🤖 AI Summary
This work addresses socially aware pedestrian trajectory prediction by jointly modeling individual intent, social interaction, and intrinsic stochasticity—while enabling interpretable disentanglement of these factors. We propose the “co-vibration” modeling paradigm, framing pedestrian motion as a multi-source vibrational system driven by intent, modulated by social forces, and perturbed by individual noise. A vibration-dynamics-based trajectory encoder is designed to explicitly separate and independently learn the spectral components corresponding to each factor via frequency-domain analysis, followed by linear superposition to reconstruct trajectories. Crucially, we model social interaction as a physical resonance process for the first time, enhancing the transparency and interpretability of social relationship representations through spectral features. Our method achieves significant improvements in average displacement error (ADE) and final displacement error (FDE) on standard benchmarks including ETH and UCY. Qualitative analysis confirms its capability to faithfully capture both social norms and individual randomness.
📝 Abstract
Learning to forecast trajectories of intelligent agents has caught much more attention recently.
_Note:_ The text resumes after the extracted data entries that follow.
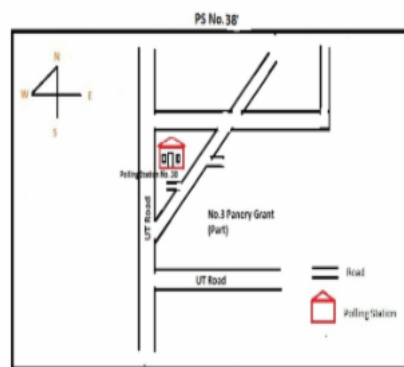

Key MAP View
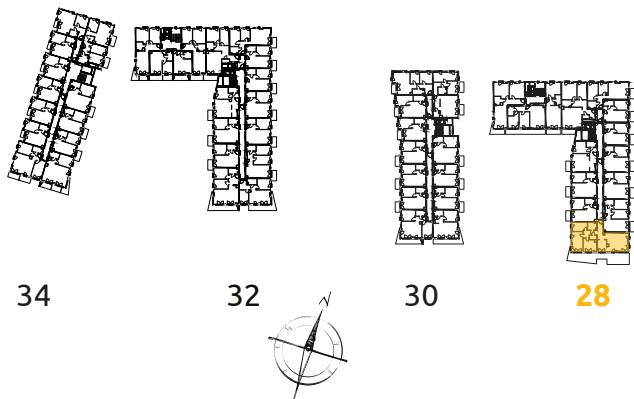

Tu żyj. Tu mieszkaj.

1	POKÓJ	28.64 m ²
2	POKÓJ	16.00 m ²
3	POKÓJ	11.51 m ²
4	POKÓJ	10.00 m ²
5	KUCHNIA	8.68 m ²
6	ŁAZIENKA	4.83 m ²
7	TOALETA	2.17 m ²
8	PRZEDPOKÓJ	14.42 m ²
T	TARAS	44.27 m ²

4 POKOJE | 96.25 m²

Budynek: 28

Piętro: 4

Mieszkanie: 69

Przedstawiona aranżacja lokalu jest przykładowa, rysunki w tym zakresie mają charakter poglądowy.

Biurow sprzedaży:
ul. Stefana Banacha 39/U1
31-235 Kraków

www.osiedleozon.pl
biuro@megapolis.pl
(12) 300 00 77
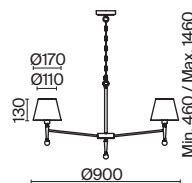

ЛАТУНЬ
 1 × E14 MAX 40 Вт

Rosemary

(1)

(2)

(3)

(4)

ЦВЕТ

АРТИКУЛ
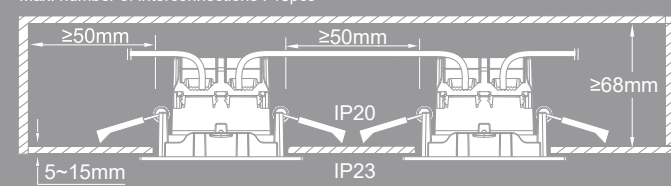

FREMONT IP23

nordlux®

FREMONT IP23

nordlux®

2700K WARM WHITE

2700K WARM WHITE

Max. number of interconnections : 15pcs
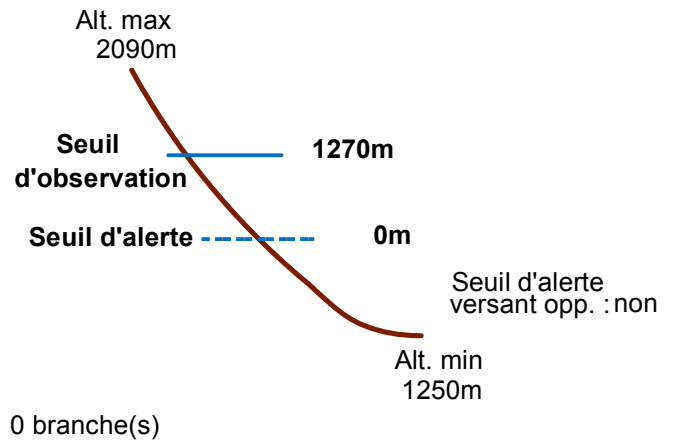

05090 MOTTE-EN-CHAMPSAUR

n° 028

Nom : HEAUMES

Observation intermittente

Remarques : Feuilles Epa/Clpa : BE62
 Seuil d'observation : niveau "amont piste".
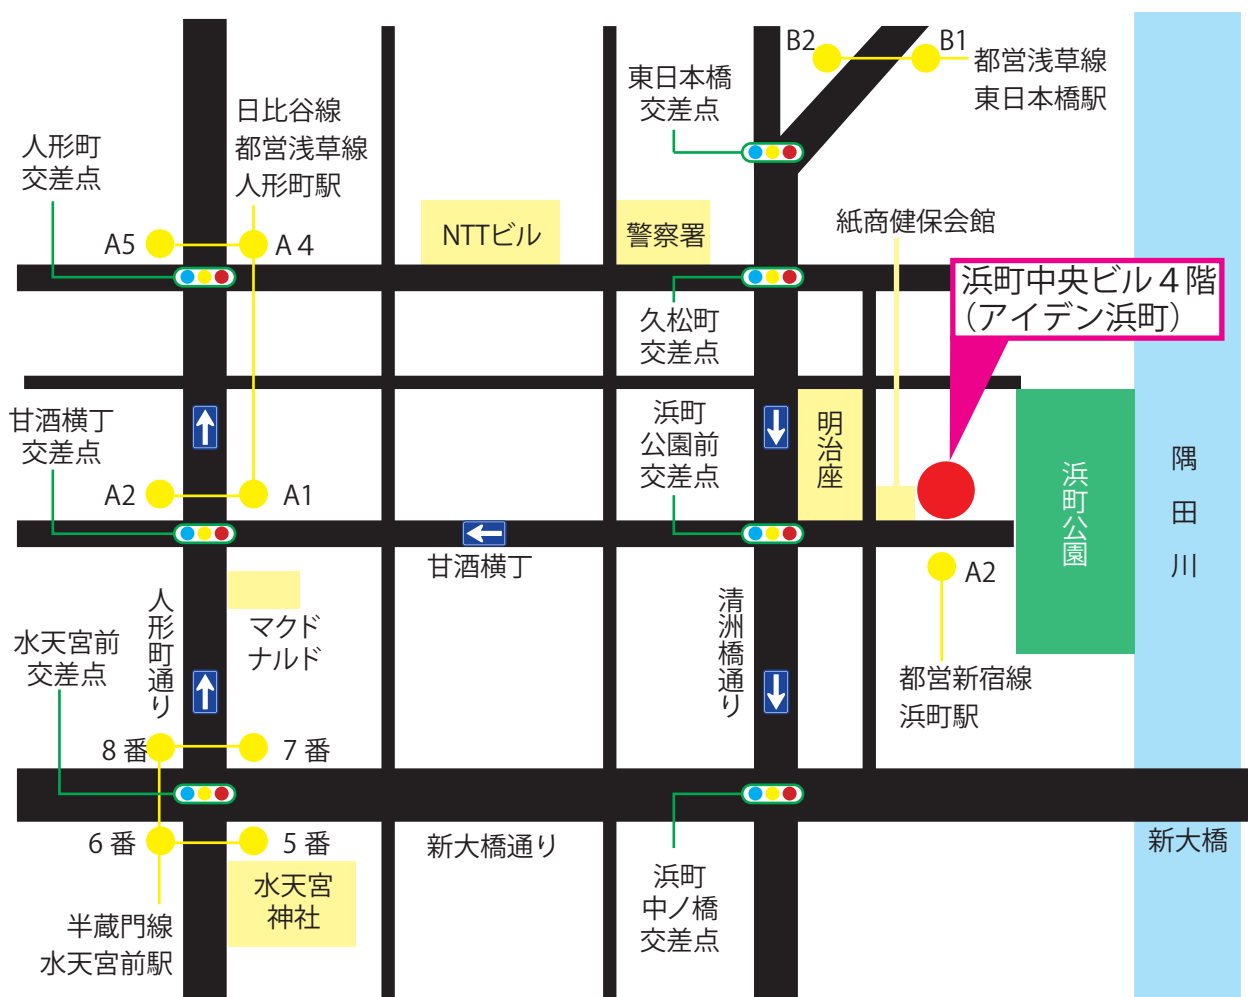

オフィス・セミナールーム案内図（日本橋浜町）

日比谷線・都営浅草線 人形町 駅（A1,A4出口） 徒歩 7 分

半蔵門線 水天宮前 駅（5番,7番出口） 徒歩 9 分

都営浅草線 東日本橋 駅（B1,B2出口） 徒歩 7分

都営新宿線 浜町 駅（A2出口） 徒歩 1分

東京都中央区日本橋浜町2-42-9 浜町中央ビル（アイデン浜町） 4階

TEL 03-5651-1755

※お車でお越しの際は、浜町公園地下駐車場（有料）をご利用ください

※タクシーでお越しの際は「明治座前」とご指定いただくとスムーズにお越しいただけます
（東京駅八重洲口より約15分900円程度）

However, it remains a challenge to accurately account for agents' intentions and social behaviors when forecasting, and in particular, to simulate the unique randomness within each of those components in an explainable and decoupled way. Inspired by vibration systems and their resonance properties, we propose the Resonance (short for Re) model to encode and forecast pedestrian trajectories in the form of ``co-vibrations''. It decomposes trajectory modifications and randomnesses into multiple vibration portions to simulate agents' reactions to each single cause, and forecasts trajectories as the superposition of these independent vibrations separately. Also, benefiting from such vibrations and their spectral properties, representations of social interactions can be learned by emulating the resonance phenomena, further enhancing its explainability. Experiments on multiple datasets have verified its usefulness both quantitatively and qualitatively.